The second capture group has to be a word following directly after the verb, ending in "me" and I do that with (\w*me).
Now for the last capture group,it has to be all words and blankspaces following directly after the first capture group in the absence of a direct word ending in "-me" or all words and blankspaces following directly after the second capture group in the presence of a direct word ending in "-me", I used (\w.+) but it didn't work.

Could anybody help me figure out why? Thanks.

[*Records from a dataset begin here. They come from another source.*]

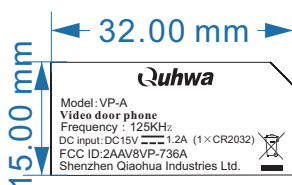

说明:

- 1.规格按尺寸标注.
- 2.厚度为薄(0.10mm).
- 3.银底黑字,需附膜.

SIZE:32X15MM

放大图

名称	FCC规格标		 深圳市龙侨华实业有限公司	
型号	VP-736			
素材			工艺	
单位	mm	比例	1:1	
设计	欧敏玲		日期	2017.07.07
审核			批准	
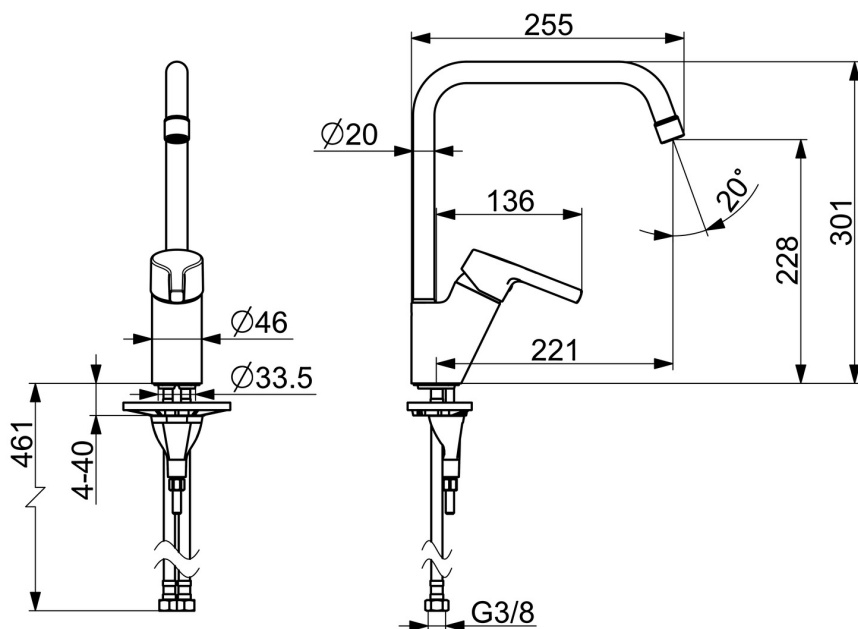

EAN: 4057304012341
static.hansa.com/56502203

- Kuchyňa
- Jednopáková
- Stojanková
- Chróm
- Otočné výtokové rameno, Možnosť obmedzenia rozsahu otáčania
- Páka so symbolom teplej a studenej vody, Jedna ovládacia páka / rukoväť
- Funkcie pre nastavenie maximálnej teploty a prietoku vody, Nastaviteľný obmedzovač teploty vody (súčasť dodávky, možnosť dodatočnej inštalácie)
- \varnothing 35 mm keramická kartuša pre ovládanie teploty a prietoku vody
- Flexibilné pripojovacie hadičky
- 3S - inštalačný systém pre bezpečné a jednoduché upevnenie batérie

Technické údaje

Vlastnosti prietoku

Prietok pri tlaku 3 bar **12.0 l/min**

Technické vlastnosti

Veľkosť DN (menovitý rozmer) **DN15**
 Dodávka teplej vody **max. +80°C**
 Pracovný tlak **0.5-10 bar**
 Spojovacia veľkosť **G3/8**
 Projection **221 mm**
 Spätná klapka (STN EN 1717) **AA**
 Materiál **Mosadz**

Predpisy

Norma EN **EN 817**
 Trieda hlučnosti **I(ISO3822)**

Schválenia a Prehlásenia

Vyhlásenie o zhode **DoC**
 EPD **S-P-06396**

Náhradné diely

SP56502203

	Názov	Kód
01	Aerator, M22x1 STD CC A	59914436
02	Ovládacia rukoväť	59914712
03	Krytka, 33x3 mm	59912504
04	Temperature adjustment limiter	59912325
05	Prítlačná matica, M40x1	1003409V
06	Kartuš, 3.5 Classic	59913075
07	Vysoký výtok, L=255 Ukončené	59914438
08	Obmedzovač, 60° /0°	59914264
08	Obmedzovač, 120° Ukončené	59914429
09	Tesnenie výtokového ramena	59914266
10	Gumové tesnenie	59914591
11	Podložka	59910008
12	Upevňovacia skrutka, M8x1, L=130	59914474
13	Upevňovací set	59914475
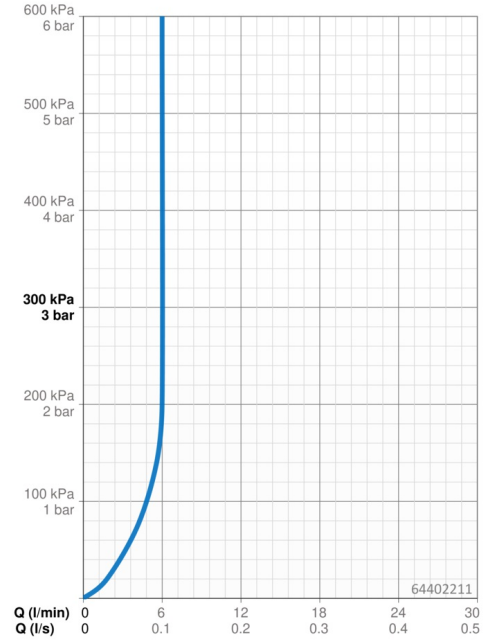

Technické údaje

Vlastnosti prietoku

Prietok pri tlaku 3 bar (s ovládačom prietoku) **6.0 l/min**

Technické vlastnosti

Veľkosť DN (menovitý rozmer) **DN15**
Dodávka teplej vody **max. +70°C**
Pracovný tlak **1-10 bar**
Spojovacia veľkosť **G3/8**
Projection **96 mm**
Spätná klapka (STN EN 1717) **EB**
Materiál **Mosadz**

Softvérové nastavenia

Doba po prietoku **2 s ± 1 s**
Automatický oplach **72 h**
Doba automatického oplachu **30 s**
Max. doba prietoku **2 min**

Elektronické vlastnosti

Batéria **Lithium 2CR5 6 V**

Predpisy

Smernica o EU **C E EMC Directive 2014/30/EU , RoHS Directive 2011/65/EU**
Norma EN **EN 15091, ETSI EN 301 489-1 V1.9.2, ETSI EN 300 328 v2.2.2, EN 61000-6-1:2007, EN 61000-6-3:2007+A1:2011+AC:2012, EN 60335-1:2012+A11+A13+A1+A14+A2+A15:2021, Part 19.11.4**
Trieda ochrany **IP 55**

Schválenia a Prehlásenia

UN38.3 **UN38-3 Maxell 2CR5**
Vyhlásenie o zhode **EMC**

Below is the full regex and link to regex website containing the expression and examples to be matched:

([PpDdQq].*o) |(\w*me)|(\w.+)


Solution

  • Use

    \b([PpDdQq]\w*o)(?:\s+(\w*me))?\b(.*)
    

    See regex proof.

    EXPLANATION

    --------------------------------------------------------------------------------
      \b                       the boundary between a word char (\w) and
                               something that is not a word char
    --------------------------------------------------------------------------------
      (                        group and capture to \1:
    --------------------------------------------------------------------------------
        [PpDdQq]                 any character of: 'P', 'p', 'D', 'd',
                                 'Q', 'q'
    --------------------------------------------------------------------------------
        \w*                      word characters (a-z, A-Z, 0-9, _) (0 or
                                 more times (matching the most amount
                                 possible))
    --------------------------------------------------------------------------------
        o                        'o'
    --------------------------------------------------------------------------------
      )                        end of \1
    --------------------------------------------------------------------------------
      (?:                      group, but do not capture (optional
                               (matching the most amount possible)):
    --------------------------------------------------------------------------------
        \s+                      whitespace (\n, \r, \t, \f, and " ") (1
                                 or more times (matching the most amount
                                 possible))
    --------------------------------------------------------------------------------
        (                        group and capture to \2:
    --------------------------------------------------------------------------------
          \w*                      word characters (a-z, A-Z, 0-9, _) (0
                                   or more times (matching the most
                                   amount possible))
    --------------------------------------------------------------------------------
          me                       'me'
    --------------------------------------------------------------------------------
        )                        end of \2
    --------------------------------------------------------------------------------
      )?                       end of grouping
    --------------------------------------------------------------------------------
      \b                       the boundary between a word char (\w) and
                               something that is not a word char
    --------------------------------------------------------------------------------
      (                        group and capture to \3:
    --------------------------------------------------------------------------------
        .*                       any character except \n (0 or more times
                                 (matching the most amount possible))
    --------------------------------------------------------------------------------
      )                        end of \3